Continuing eastward from Grantsville, Alt US 40 intersects US 219 Bus. a short distance north of exit 22 on I-68, before passing under the US 219 freeway. East of this intersection, traffic decreases, with an AADT of 1,681, the lowest traffic density along the entire route. The US 219 Bus. intersection is at the top of a hill known as Chestnut Ridge.

East of Chestnut Ridge, the highway passes over Meadow Mountain at a height of 2789 ft. In eastern Garrett County, traffic on the route gradually increases to an AADT of 2,232. Alt US 40 passes under MD 546, which runs north from I-68, through Finzel, to the Pennsylvania border. Although Alt US 40 does not directly intersect MD 546, it is connected to MD 546 by way of access road MD 546F, and also by MD 946, which intersects Alt US 40 near the top of Little Savage Mountain. Just east, the route crosses the larger Big Savage Mountain at an elevation of 2847 ft before entering Allegany County.

===Allegany County===
After continuing into Allegany County, Alt US 40 descends Savage Mountain into Frostburg, where it passes through the town as Main Street. Main Street in Frostburg has the highest traffic density on the route, with an AADT of 15,022. For comparison, the parallel section of I-68 between exits 33 and 34 has an AADT of 20,931. In west Frostburg, the highway intersects MD 36, which then follows the same road as Alt US 40 for about a mile, separating from Alt US 40 in east Frostburg. In central Frostburg, Main Street intersects MD 936, an old alignment of MD 36. Continuing eastward from Frostburg, traffic density decreases, to an AADT of 13,585 at the MD 55 intersection, staying between 13,000 and 15,000 for the remainder of the highway. Alt US 40 passes through Eckhart Mines, where it intersects MD 638, which connects with MD 36 north of Frostburg. In the eastern part of Eckhart Mines, the highway intersects MD 743, which is an old alignment of US 40 which was bypassed by the roadway which became Alt US 40.

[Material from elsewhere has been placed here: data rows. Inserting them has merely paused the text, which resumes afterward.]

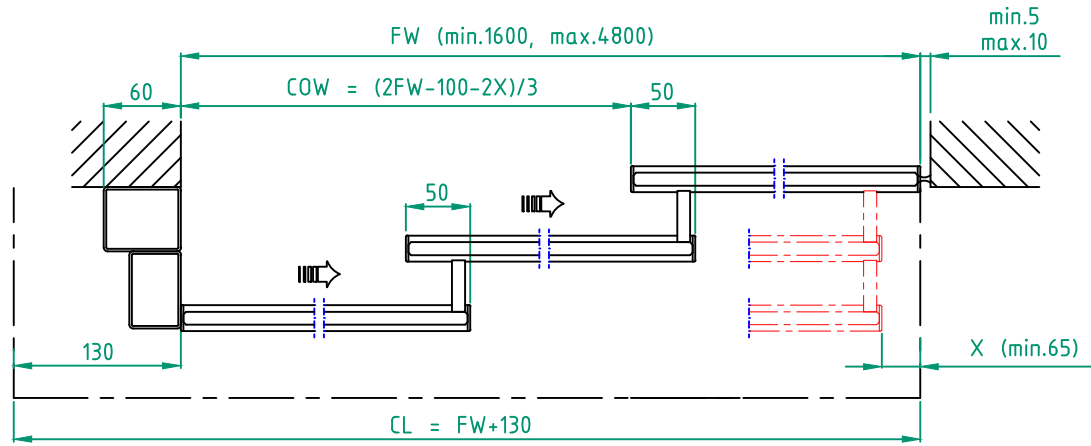

© All rights in and to this material are the sole property of ASSA ABLOY Entrance Systems AB. Copying, scanning, alterations or modifications are expressly forbidden without the prior written consent of the applicable company within ASSA ABLOY Entrance Systems AB. Rights reserved for changes without prior notice.

STATE WHEN ORDERING

- FW = ... mm
- FH = ... mm
- X = ... mm
- COW = ... mm
- COH = ... mm
- CL = ... mm

Surface treatment

- ☐ Silver anodized
- Special anodized .....
- RAL .....
- Special powder coating .....
- .....

Glass options:

- ☐ 10 mm tempered glass
- ☐ 10 mm laminated glass
- ☐ No glass

Limitation

FW x FH = max. 9,1 m²

Installation

- ☐ Floor heating
- ☐ Other .....

Customer:
Door id:
Project No:

Ref:
Date:
Sign:

Automatic door system
Besam ADS Semi Transparent telescopic
3 Panel wall mounted opening right, Art. No. 1009395
Besam SL500 T

ASSA ABLOY

4.0 1009395-EI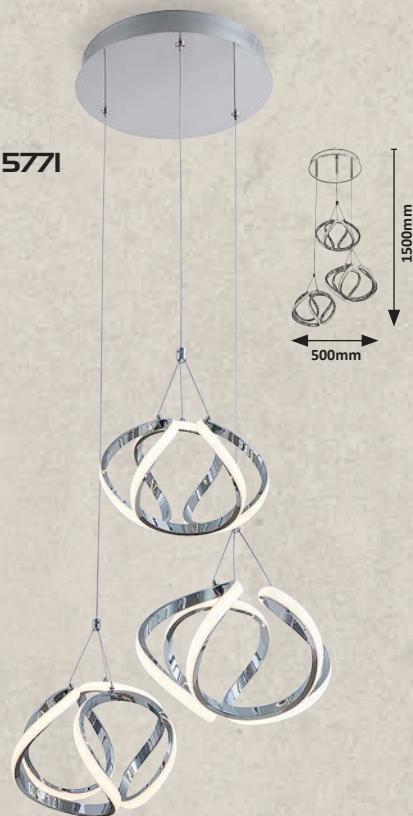

PALMIRA

5772

5771

5770

5770 (M) (P)

LED / 38W
(2500lm, 3000K) incl.
IP20
chrome

5771 (M) (P)

LED / 50W
(3400lm, 3000K) incl.
IP20
chrome

5772 (M) (P)

LED / 11W
(700lm, 3000K) incl.
IP20
chrome

CHRISSY

I493

I493 (M)

LED / 7W
(480lm, 4000K) incl.
IP20
silver/chrome/crystal

I494

I494 (M)

LED / 20W
(1400lm, 4000K) incl.
IP20
silver/chrome/crystal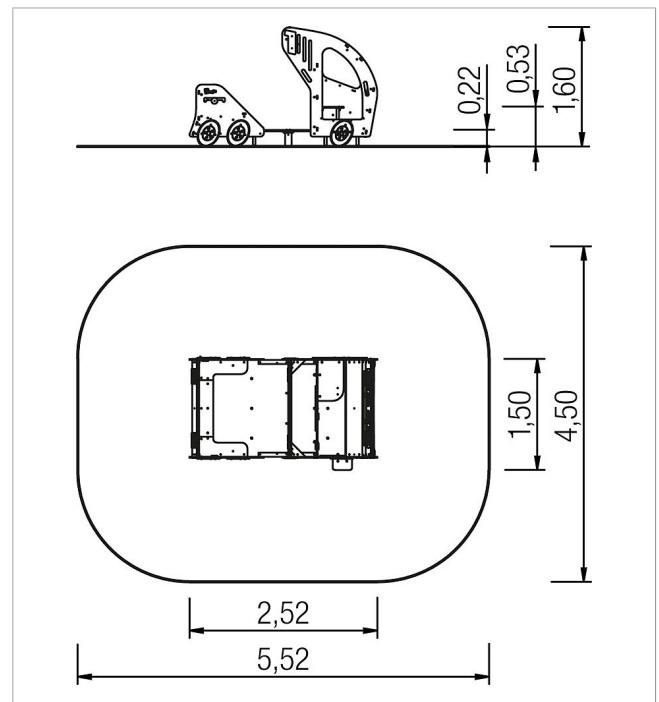

5 89 404 201 00

steelox Mini play unit Truck

made in germany

Scope of delivery

1x Truck: high-pressure laminate (HPL), HDPE, powder steel

	Material	Powder steel, HDPE, HPL
	Foundation level	FL 3
	Minimum space	4,50x5,52x2,55 m
	Free falling height	75 cm
	Impact protection net	23,0 m ²
	Foundations	2x CF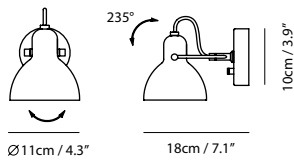

The smallest Laito in the series, the mini wall lamp has inherited the classic streamlined look and flexible functionality of its larger counterparts.

It offers two types to choose. The mini WL version is with an adjustable arm and shade the wall mounted lamp can be perfectly positioned for your task at hand. As with the rest of the LAITO series aesthetic is never compromised by function.

By Chen, Chao Cheng 陳昭成

copper

matt black shade + copper tube

Measurement : centimeter / inches

Laito Mini Wall

Model
SQ-793MWR-1

Material
steel

Light Source
E14 1 x 6W LED 2700/3000K

Weight
0.5kg / 1.1lb

Color
● copper

Laito Mini Wall L

Model
SQ-793MWA

Material
steel

Light Source
E14 1 x 6W LED 2700/3000K

Weight
1.1kg / 2.4lb

Color
● matt black shade + copper tube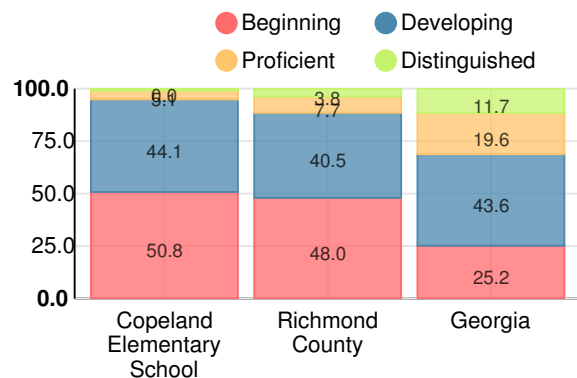

School Wide

CCRPI Single Score

Student Mobility Rate

49.2%

School Climate Star Rating

Financial Efficiency Star Rating

Per Pupil Expenditures

Race/Ethnicity

Free/Reduced-Price Lunch (FRL)

Students with Disability (SWD)

English Language Learners (ELL)

Elementary

CCRPI Score

Copeland Elementary School

Indicator	2017
Achievement	19.1
Progress	31.6
Gap	5.0
Challenge	1.5
CCRPI Score	57.2

English

Percent of students scoring in each performance level on 2017 Georgia Milestones for elementary grades

Mathematics

Percent of students scoring in each performance level on 2017 Georgia Milestones for elementary grades

Science

Percent of students scoring in each performance level on 2017 Georgia Milestones for elementary grades

Social Studies

Percent of students scoring in each performance level on 2017 Georgia Milestones for elementary grades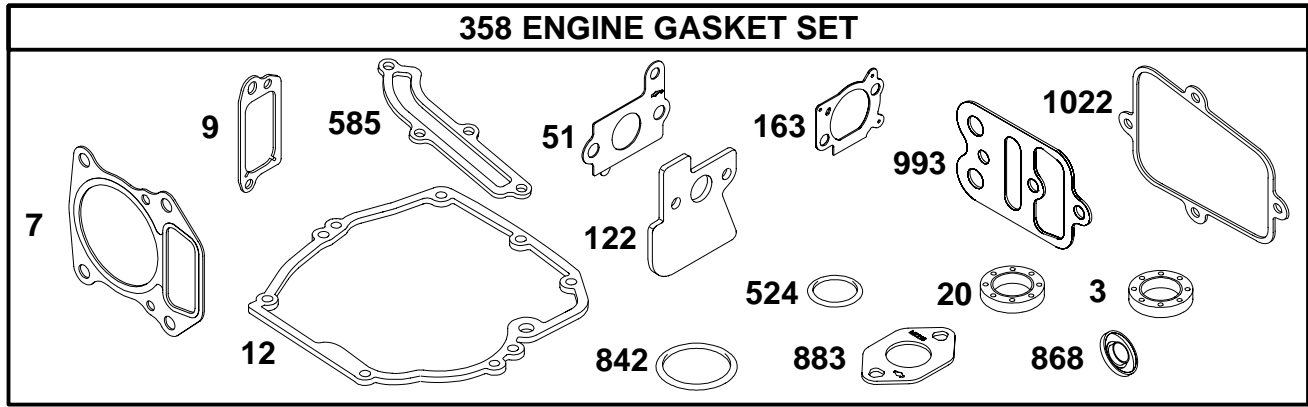

126600 to 126699

REF. NO.	PART NO.	DESCRIPTION	REF. NO.	PART NO.	DESCRIPTION	REF. NO.	PART NO.	DESCRIPTION
3	★299819	Seal-Oil (Magneto Side)	51	◆◆692668	Gasket-Intake	708	◆◆691321	Seal-Throttle Shaft
7	★Δ273240	Gasket-Cylinder Head (Used Before Code Date 99120200). Note _____	104	◆691242	Pin-Float Hinge	842	◆280393	Seal-Dipstick/Tube
		695166 Gasket-Cylinder Head (Used After Code Date 99120100).	121	692703	Kit-Carburetor Overhaul	868	★Δ498592	Seal-Valve
9	★272481	Gasket-Breather	122	◆◆692799	Spacer-Carburetor	883	★Δ273348	Gasket-Exhaust
12	★272198	Gasket-Crankcase	127	◆694468	Plug-Welch	977	692704	Gasket Set-Carburetor
20	★399781	Seal-Oil (PTO Side)	134	◆398188	Kit-Needle/Seat	993	★Δ694088	Gasket-Cylinder Head Plate
			137	◆◆693981	Gasket-Float Bowl	1022	★Δ691890	Gasket-Rocker Cover
			163	◆◆273364	Gasket-Air Cleaner	1095	694091	Gasket Set-Valve
			276	◆◆271716	Washer-Sealing			
			358	694090	Gasket Set-Engine			
			524	★280966	Seal-Dipstick Tube			
			585	★272238	Gasket-Breather Passage			

★ Included in Engine Gasket Set-Ref 358.
Δ Included in Valve Gasket Set-Ref 1095.

◆ Included in Carburetor Overhaul Kit-Ref 121.
◆◆ Included in Carburetor Gasket Set-Ref 977.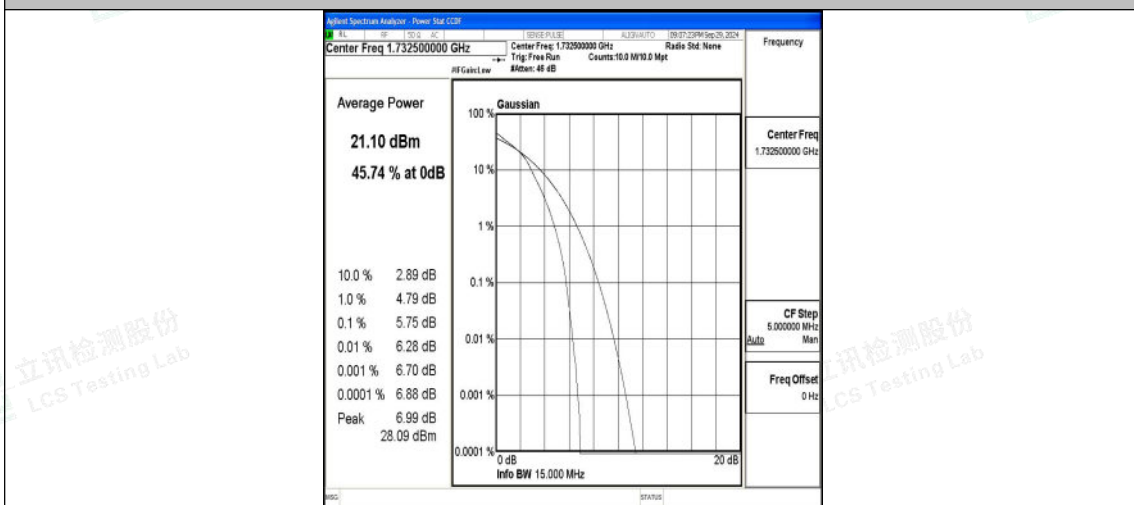

Band4-15MHz-16QAM-20025-75RB#0-PASS

Band4-15MHz-QPSK-20175-1RB#0-PASS

Band4-15MHz-16QAM-20175-1RB#0-PASS

Band4-15MHz-QPSK-20175-75RB#0-PASS

Band4-15MHz-16QAM-20175-75RB#0-PASS

Band4-15MHz-QPSK-20325-1RB#0-PASS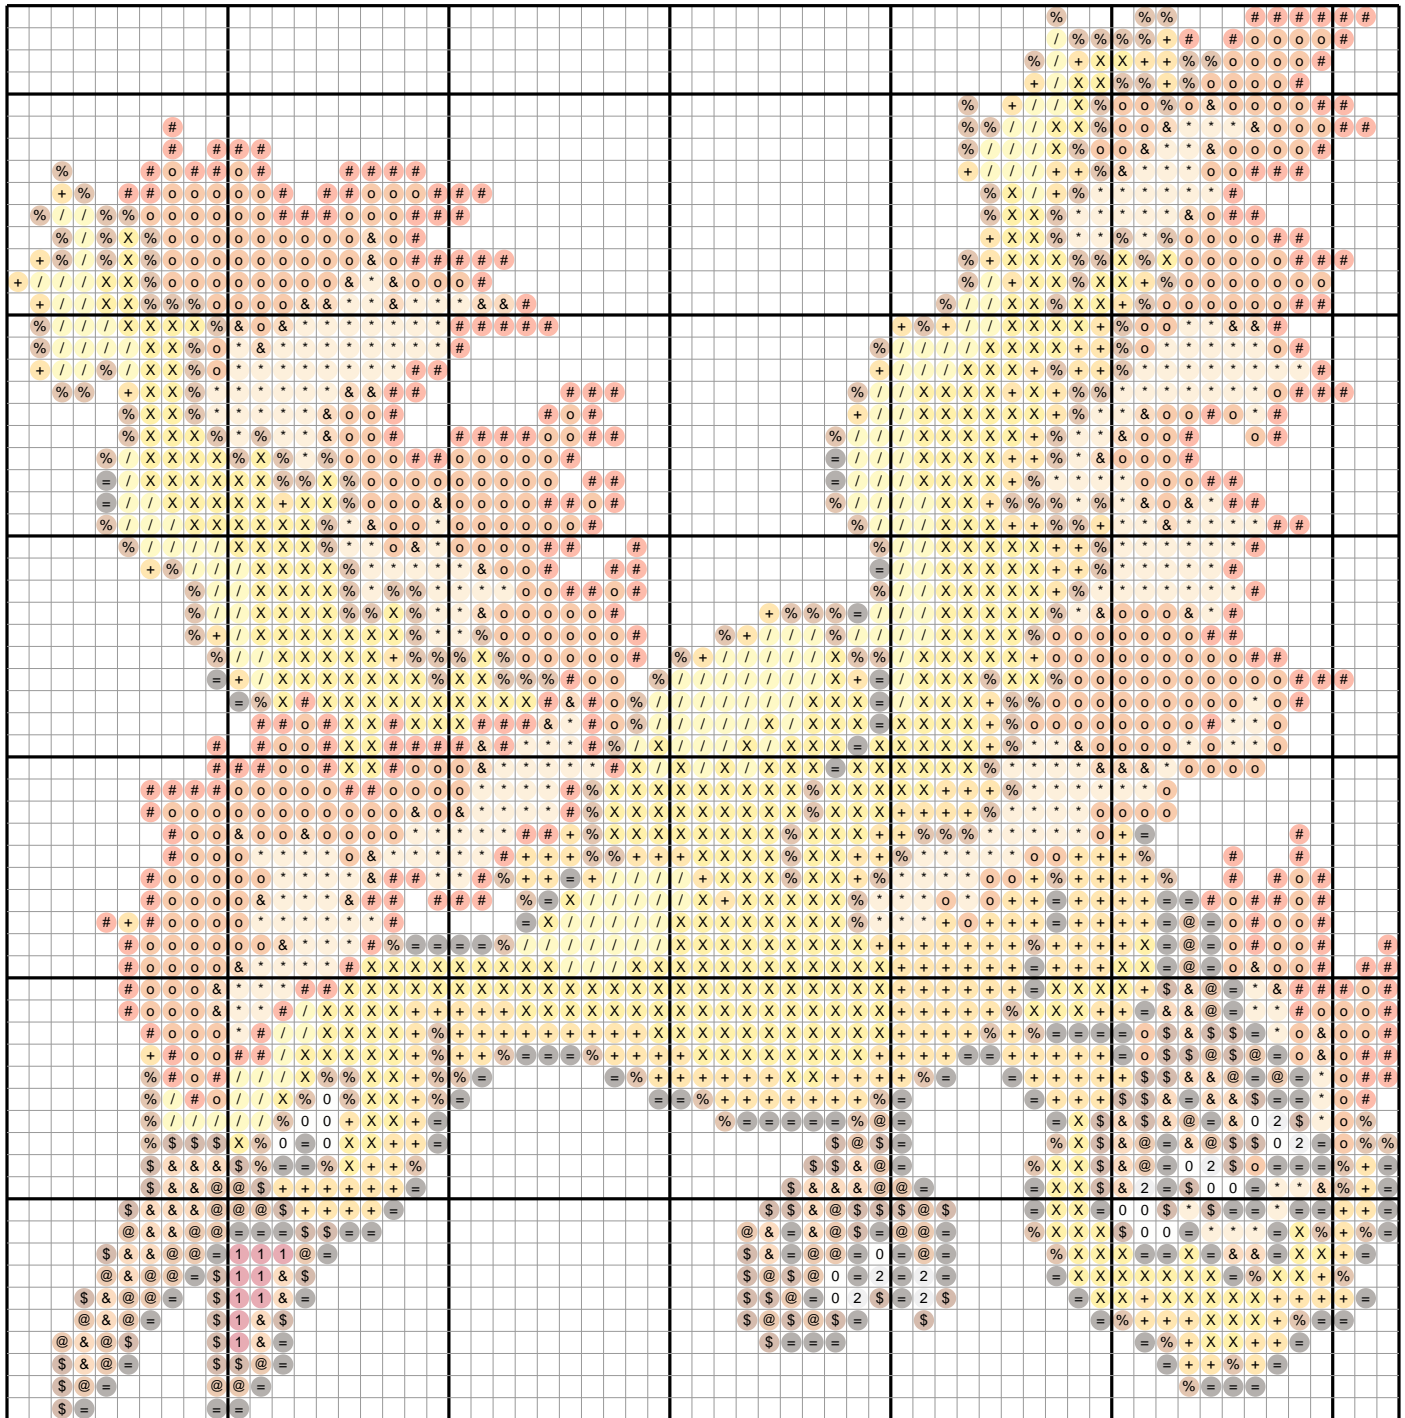

Moltres #0146 — Diamond Painting Chart

63 x 64 drills · 2431 drills · 14 DMC colors · 6.2 x 6.3 in at 2.5mm drills
ninpocket.net — free Pokemon diamond painting charts (round-drill symbols, DMC colors)

Drill Legend (DMC)

Sym	Color	DMC	Name	Drills
X		444	Lemon Dark	474
o		946	Burnt Orange Med	376
*		3855	Autumn Gold Lt	264
+		972	Canary Deep	245
#		606	Orange?Red Bright	239
%		920	Copper Med	225
/		307	Lemon	178
=		3371	Black Brown	155
&		3853	Autumn Gold Dk	110
\$		918	Red?Copper Dark	74
@		921	Copper	57
0		White	White	17
1		817	Coral Red Very Dark	9
2		415	Pearl Gray	8

Alt US 40 passing through the Narrows in Cumberland

East of Eckhart Mines, Alt US 40 passes through Clarysville, where it intersects MD 55. It is near Clarysville that the terrain followed by Alt US 40 changes: from Clarysville westward to the summit of Savage Mountain, the road runs uphill, while east of Clarysville, the road follows valleys, first following the valley around Braddock Run to Cumberland, and then following the valley around Wills Creek into Cumberland. Near the MD 55 intersection is a stone arch bridge which was initially built in 1812 and rebuilt in the 1830s, and carried the National Road over Braddock Run, a tributary to Wills Creek. East of Clarysville, the highway passes through a gap carved by Braddock Run between Piney Mountain and Dan's Mountain. I-68, having been built later, is located on the hillside above Alt US 40, on the Dan's Mountain side of the gap. Alt US 40 then descends Red Hill into LaVale. At the bottom of Red Hill is the La Vale toll gate house. Built in 1836, tolls were collected there until the early 1900s, and it is the last original National Road toll gate house standing in Maryland. In LaVale, the route intersects MD 53, which serves as a truck bypass for US 220 to Cresaptown. Alt US 40 interchanges with westbound I-68 at exit 39, but eastbound access is only available via MD 53 and MD 658, which intersects Alt US 40 east of the exit 39 interchange. The highway expands to a four-lane road near its intersection with MD 53, then narrows to a two-lane road near its intersection with MD 658. East of the intersection with MD 658, Alt US 40 turns northward, passing through LaVale toward the Narrows, bypassing Haystack Mountain to the north, as opposed to I-68, which passes directly over Haystack Mountain, paralleling Braddock Road (MD 49).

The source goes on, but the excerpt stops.